Kasey and Ben Wheeler can't always be bedside at Sparrow Hospital's neonatal intensive care unit in Lansing, Michigan, with their newborn son, Dax.
When they're not able to sit next to him and touch him through the slots in his incubator, nurses in the unit make sure the Wheelers get the information they need.
Sparrow's NICU recently began using EASE, a smartphone app, to keep parents connected and updated on their newborns' health and progress, according to the Lansing State Journal.
"It just eases the anxiety," Kasey Wheeler said.
Dax was born nine weeks early on June 11. Kasey Wheeler said he's still on a CPAP machine but his eating has improved.
"He's doing great," she said.
NICU department manager Sarah Collins said each baby in the unit has an iPad at its bedside with the EASE app installed. Staff can log into the app to take pictures, send text updates or live chat with parents.
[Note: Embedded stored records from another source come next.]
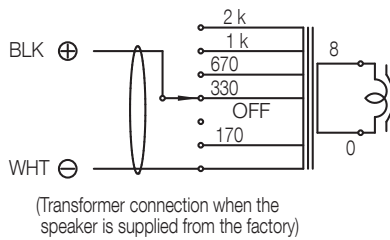

Номер статьи: SC-630M EU
Alternative products: SC-610M, SC-615M,
SC-630M

Specifications

Размеры (Ш x В x Г)	285 x 227 x 277 mm
Размеры (ø x Г)	x 277
Покрытие	Алюминий, порошковое покрытие, белый (RAL 9010 или эквивалент),
Рабочая температура	От -20 °C до +55 °C (не должно быть конденсации росы)

Appearance

Rear View

Wiring diagram

CAUTION
NEVER SET THE SWITCH TO " " POSITION
FOR 100 V LINE OPERATION, AS DOING SO MAY
RESULT IN DAMAGE TO THE SPEAKER.

Set the impedance selector to the desired impedance.

Impedance selection

Front View

Side View

Bracket dimensional diagram

UNIT:mm

SCALE:1/5

Note: Numerical values in parentheses are for reference only.
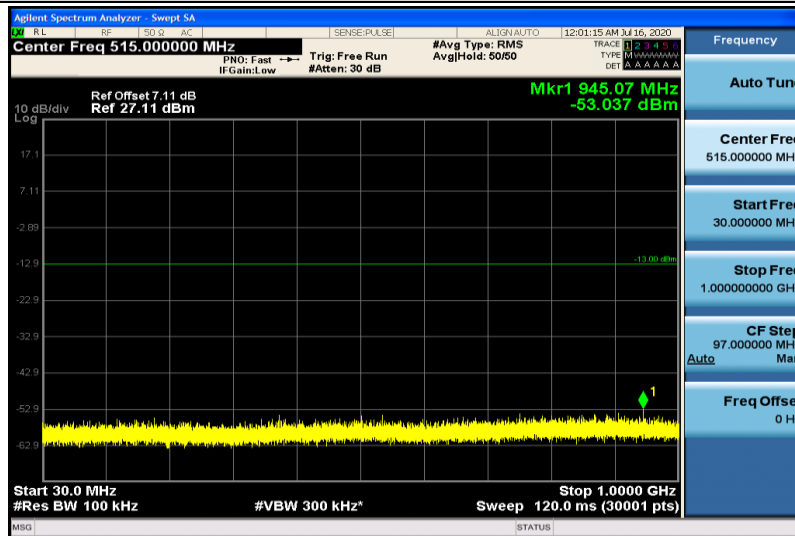

Band4-5MHz-QPSK-20375-1RB#0-30~1000MHz

Band4-5MHz-QPSK-20375-1RB#0-1000~26000MHz

Band4-5MHz-16QAM-19975-1RB#0-30~1000MHz

Band4-5MHz-16QAM-19975-1RB#0-1000~26000MHz

Band4-5MHz-16QAM-20175-1RB#0-30~1000MHz

Band4-5MHz-16QAM-20175-1RB#0-1000~26000MHz
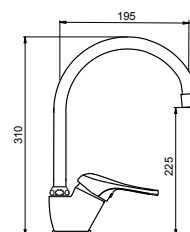

MISCELATORE MONOCOMANDO PER CUCINA
KITCHEN MIXER
MITIGEUR CUISINE

FIN.
C

54750

MISCELATORE MONOCOMANDO PER CUCINA
KITCHEN MIXER
MITIGEUR CUISINE

FIN.
C

58900

MISCELATORE MONOCOMANDO PER CUCINA CON DOCCETTA ESTRAIBILE
KITCHEN MIXER WITH PULL-OUT SPRAY
MITIGEUR CUISINE AVEC DOUCHETTE AMOVIBLE
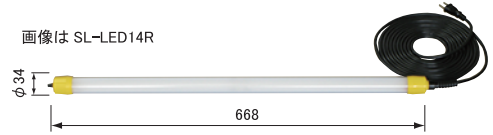

重量	630g
----	------

連結タイプ末端用  
**SL-LED14R-E**  
 ※¥34,000 (税込価格※¥37,400)

重量	830g	プラグ	防水仕様
----	------	-----	------

スイッチなし  
**SL-LED14R-N**  
 ※¥31,000 (税込価格※¥34,100)

重量	630g
----	------

連結タイプ末端用・スイッチなし  
**SL-LED14R-N-E**  
 ※¥33,000 (税込価格※¥36,300)

重量	830g	プラグ	防水仕様
----	------	-----	------

光源	演色評価数	色温度	全光束	入力電圧	消費電力
LED	Ra80	5000K	1750lm	AC100V	15W

※スイッチは含まない寸法です

画像は SL-LED14R

連結タイプ (スイッチなし)  
**SL-LED14R-FA**  
 ※¥36,000 (税込価格※¥39,600) 連結は15台まで可能です。

Parents who've installed the app on their phones can choose to add family members or friends who will get direct updates.
"It just helps with communication," Collins said.
The staff using the EASE app can document major steps in babies' progress like their first bath, their first bottle, coming off the CPAP machine or changes in their condition, Collins said.
Just last week, nurses sent 258 messages to the parents of 38 babies in the unit.
Ben Wheeler said they live only a short drive away in South Lansing and can visit Dax a couple times each day for a few hours at a time.
"We still appreciate the app updates we get," he said.
Ben Wheeler said he looks forward to waking up and getting the latest news from the NICU.
"It's just reassuring," he said.
The app has proved helpful for parents who can't be at the hospital all the time, whether they have a job or need to care for their other children, Collins said. The app also fills a void for family members who can't visit the babies in the NICU.
"We have very limited visitation," she said.
Visitor restrictions instituted during the COVID-19 pandemic at Sparrow still only allow two parents or guardians to visit a newborn patient. Other family members or visitors are not allowed.
Jamie Tyler, at IT project specialist at Sparrow, said she didn't know of other Michigan hospitals using the EASE app for new parents. She said they will pilot the app at the Sparrow Clinton surgical center and the emergency department at Sparrow Ionia.
Sparrow's NICU previously tried a video system that was set up over the babies' bed, but it didn't provide any context as to how the baby was doing, Collins said.
The EASE app gives new parents a better way to engage with the staff and have a better idea of what's happening that what a video feed provided, Collins said.
"We've already seen a lot of positive feedback from parents," she said.